### PROBLEM DETAILS
The expected output is the full set of entries, retyped verbatim, pictures excluded.

----- PROVIDED INFORMATION -----

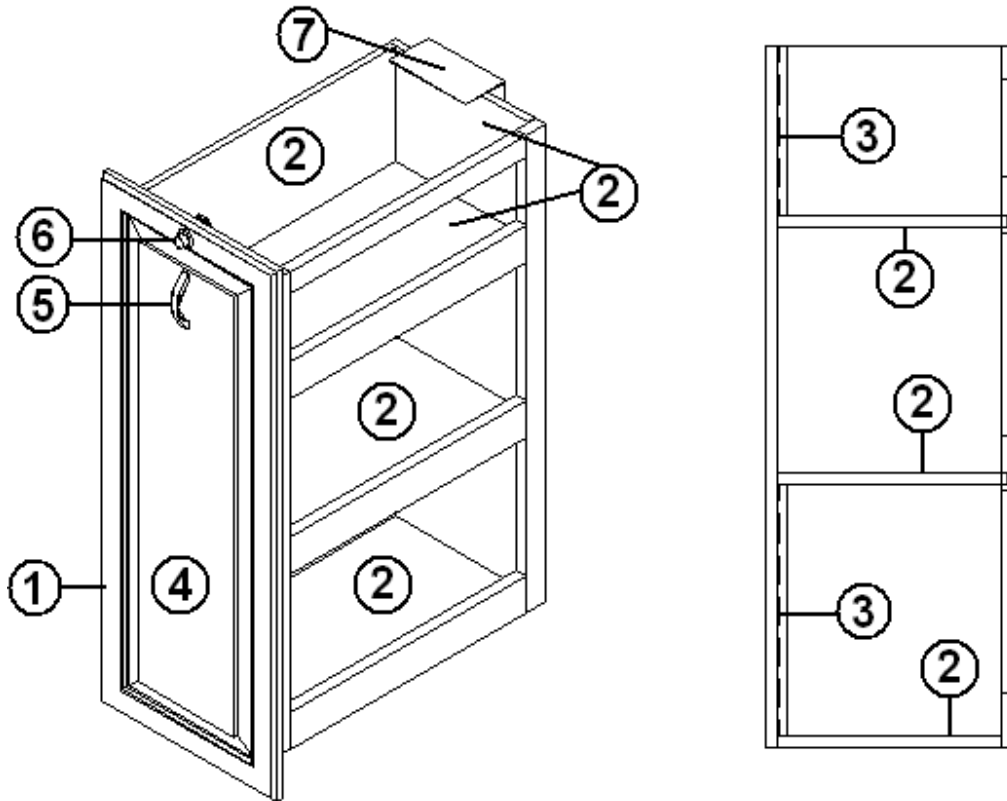

2013 CLASSIC TRAILER

FURNITURE, GALLEY

Pantry Cabinet Slide Out, 27' Front Bed

966977	Pantry, S/O assembly
1. 966736-003	Face frame, pantry S/O assembly
2. 801258-003	Paneling, 1/2" Hickory/Hickory
3. 114811	Aluminum angle .50" X .50"
4. 800597-993	Door, 15.25: X 35.50"
5. 382002	Pull, cabinet door, 3" center, orb
6. 381408	Lock, push button style, black
7. 104887	Positive stop, pantry
365268-03	Edgebanding-.024"X .63"
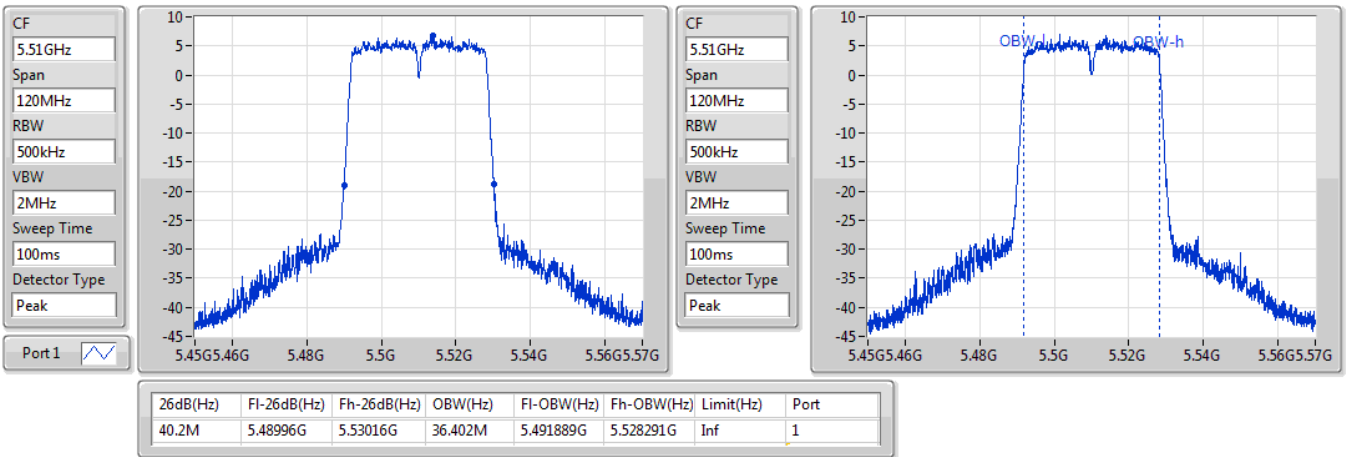

802.11ac VHT40_Nss1,(MCS0)_1TX

EBW

5510MHz

13/01/2020
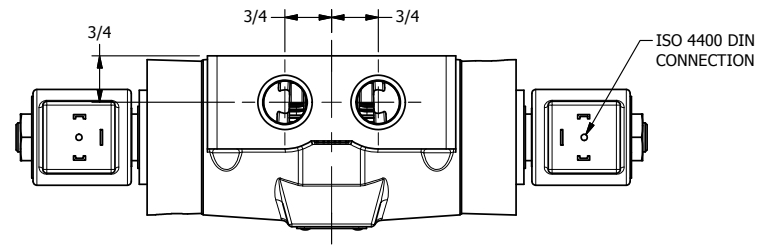

4

3

2

1

AAA
PRODUCTS
INTERNATIONAL

**AAA PRODUCTS
INTERNATIONAL**
7114 Harry Hines Blvd
Dallas, TX 75235

TITLE: 1/2" SIDE PORT, DBL SOL, 3 POS,
SPR CTR, SOL RTRN, FLOAT CTR SPL,
ISO 4400 DIN, TAPPED VENT

DRAWING NO.:
DIM_SY4GEDT
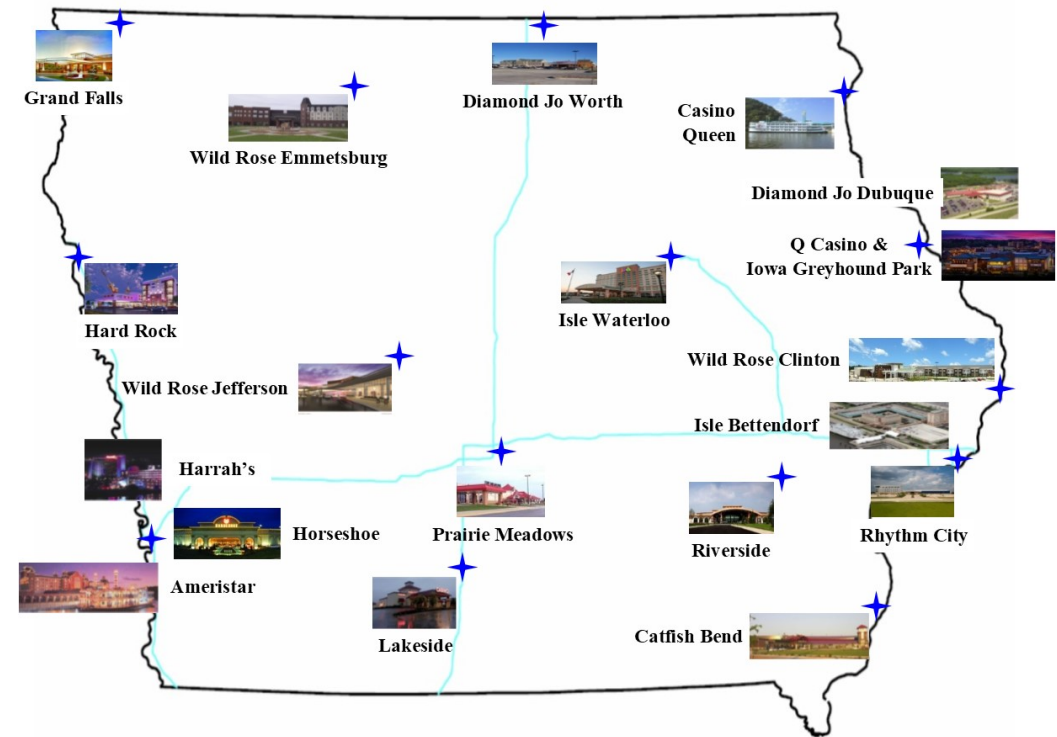

# State Licensed Racetracks & Casinos

Ameristar - Council Bluffs

Casino Queen - Marquette

Catfish Bend - Burlington

Diamond Jo Dubuque - Dubuque

Diamond Jo Worth - Northwood

Grand Falls - Larchwood

Hard Rock - Sioux City

Harrah's - Council Bluffs

Horseshoe - Council Bluffs

Iowa Greyhound Park - Dubuque

Isle Bettendorf - Bettendorf

Isle Waterloo - Waterloo

Lakeside - Osceola

Prairie Meadows - Altoona

Q Casino - Dubuque

Rhythm City - Davenport

Riverside - Riverside

Wild Rose Emmetsburg - Emmetsburg

Wild Rose Jefferson - Jefferson

Wild Rose Clinton - Clinton

## William Hill

- Harrah's
- Horseshoe
- Isle Bettendorf
- Isle Waterloo
- Lakeside
- Prairie Meadows
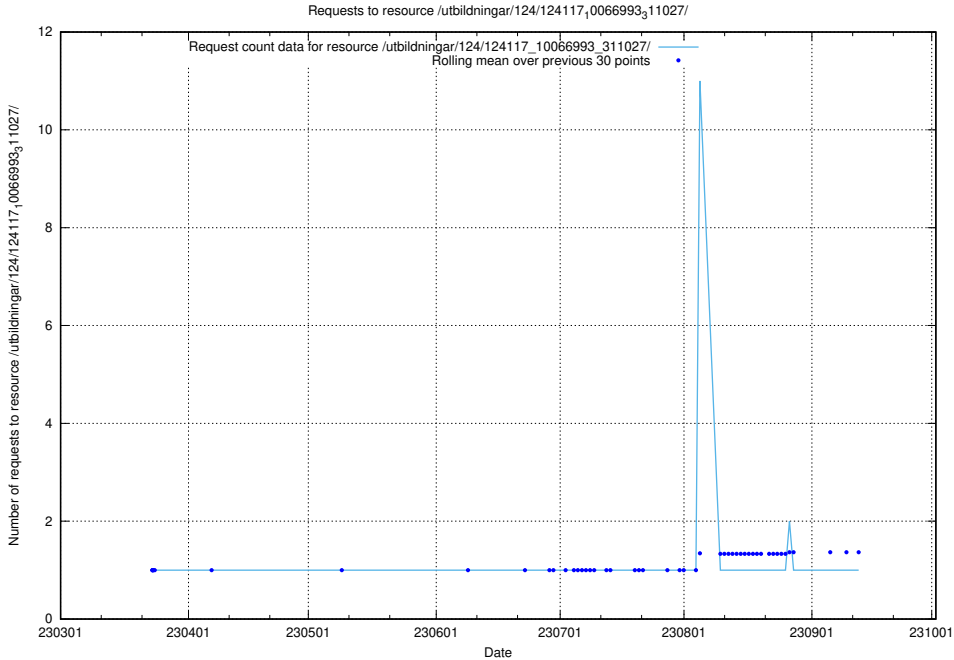

5.3889 Usage of /utbildningar/124/124117_10066993_311027/

Here, we count the number of requests to resource /utbildningar/124/124117_10066993_311027/.

5.3890 Usage of /taxonomy/version/8/query/keyword-concepts./
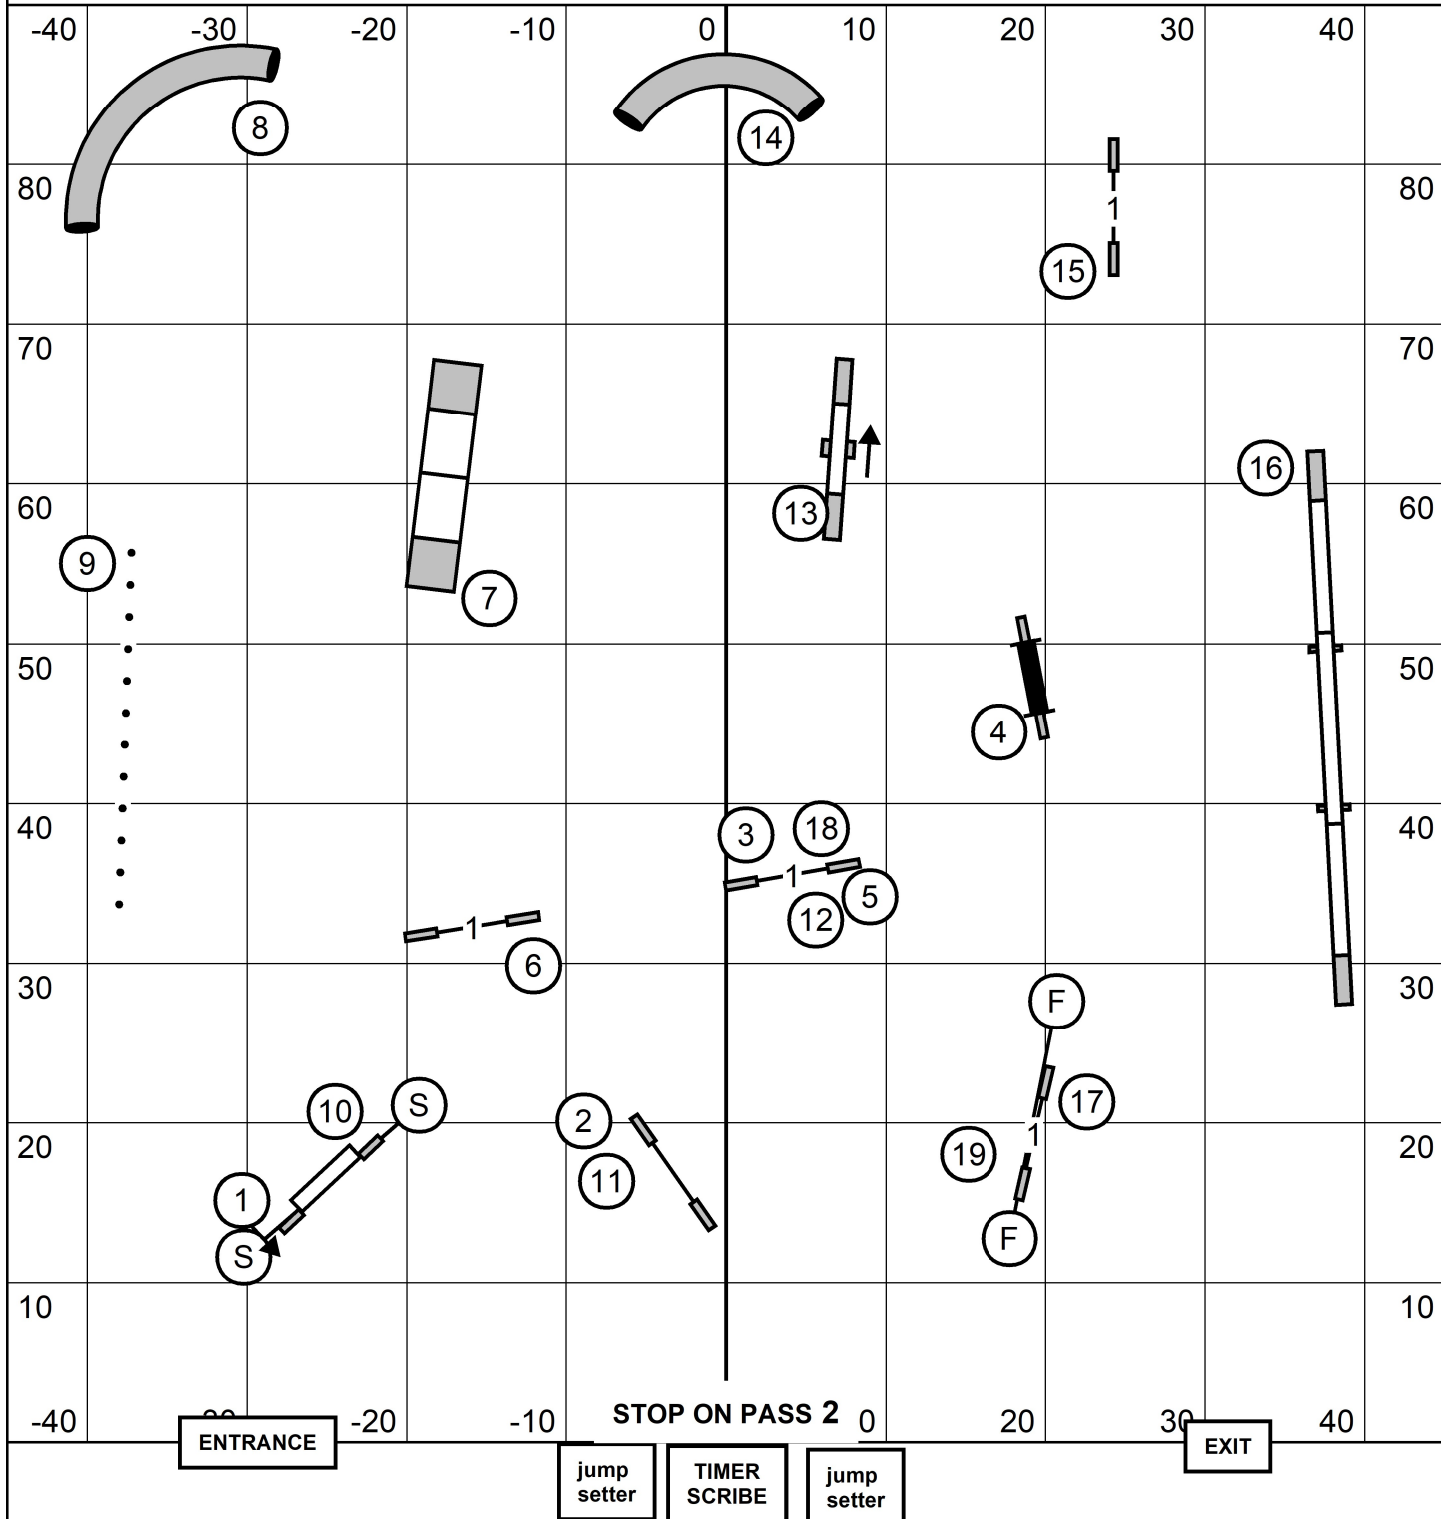

COMBINED FAST

Talcott Mountain Agility Club, Tolland CT

Friday September 27, 2024 Judge: Mark Upshaw
90 x 90 Indoors / Turf

OPEN SEND BONUS
Tunnel - 6 to Jump - 5 OR
Jump - 4 to Jump - 5
(light squares, dashed line)

MASTER/EXCELLENT SEND BONUS
Jump - 4 to Jump - 5 to Tunnel- 6
(light squares, solid line)

NOVICE SEND BONUS
Jump - 4 to Jump - 5
(light squares, dotted line) OR
Jump - 5 to Jump - 4
(dark squares, dotted line)

All Obstacles Are Bidirectional Except:
Teeter - 8, and Send Obstacles - 4,5,6
Tunnel - 6 is Bidirectional for Novice

PREMIER STANDARD

Talcott Mountain Agility Club, Tolland CT

Friday September 27, 2024 Judge: Mark Upshaw
90 x 90 Indoors / Turf

-----

### TASK SOLUTION
2013 CLASSIC TRAILER

FURNITURE, GALLEY

Pantry Cabinet Slide Out, 27' Front Bed

966977	Pantry, S/O assembly
1. 966736-003	Face frame, pantry S/O assembly
2. 801258-003	Paneling, 1/2" Hickory/Hickory
3. 114811	Aluminum angle .50" X .50"
4. 800597-993	Door, 15.25: X 35.50"
5. 382002	Pull, cabinet door, 3" center, orb
6. 381408	Lock, push button style, black
7. 104887	Positive stop, pantry
365268-03	Edgebanding-.024"X .63"

802.11ac VHT40_Nss1,(MCS0)_1TX

EBW

5510MHz

13/01/2020

4

3

2

1

AAA
PRODUCTS
INTERNATIONAL

**AAA PRODUCTS
INTERNATIONAL**
7114 Harry Hines Blvd
Dallas, TX 75235

TITLE: 1/2" SIDE PORT, DBL SOL, 3 POS,
SPR CTR, SOL RTRN, FLOAT CTR SPL,
ISO 4400 DIN, TAPPED VENT

DRAWING NO.:
DIM_SY4GEDT

# State Licensed Racetracks & Casinos

Ameristar - Council Bluffs

Casino Queen - Marquette

Catfish Bend - Burlington

Diamond Jo Dubuque - Dubuque

Diamond Jo Worth - Northwood

Grand Falls - Larchwood

Hard Rock - Sioux City

Harrah's - Council Bluffs

Horseshoe - Council Bluffs

Iowa Greyhound Park - Dubuque

Isle Bettendorf - Bettendorf

Isle Waterloo - Waterloo

Lakeside - Osceola

Prairie Meadows - Altoona

Q Casino - Dubuque

Rhythm City - Davenport

Riverside - Riverside

Wild Rose Emmetsburg - Emmetsburg

Wild Rose Jefferson - Jefferson

Wild Rose Clinton - Clinton

## William Hill

- Harrah's
- Horseshoe
- Isle Bettendorf
- Isle Waterloo
- Lakeside
- Prairie Meadows

5.3889 Usage of /utbildningar/124/124117_10066993_311027/

Here, we count the number of requests to resource /utbildningar/124/124117_10066993_311027/.

5.3890 Usage of /taxonomy/version/8/query/keyword-concepts./

COMBINED FAST

Talcott Mountain Agility Club, Tolland CT

Friday September 27, 2024 Judge: Mark Upshaw
90 x 90 Indoors / Turf

OPEN SEND BONUS
Tunnel - 6 to Jump - 5 OR
Jump - 4 to Jump - 5
(light squares, dashed line)

MASTER/EXCELLENT SEND BONUS
Jump - 4 to Jump - 5 to Tunnel- 6
(light squares, solid line)

NOVICE SEND BONUS
Jump - 4 to Jump - 5
(light squares, dotted line) OR
Jump - 5 to Jump - 4
(dark squares, dotted line)

All Obstacles Are Bidirectional Except:
Teeter - 8, and Send Obstacles - 4,5,6
Tunnel - 6 is Bidirectional for Novice

PREMIER STANDARD

Talcott Mountain Agility Club, Tolland CT

Friday September 27, 2024 Judge: Mark Upshaw
90 x 90 Indoors / Turf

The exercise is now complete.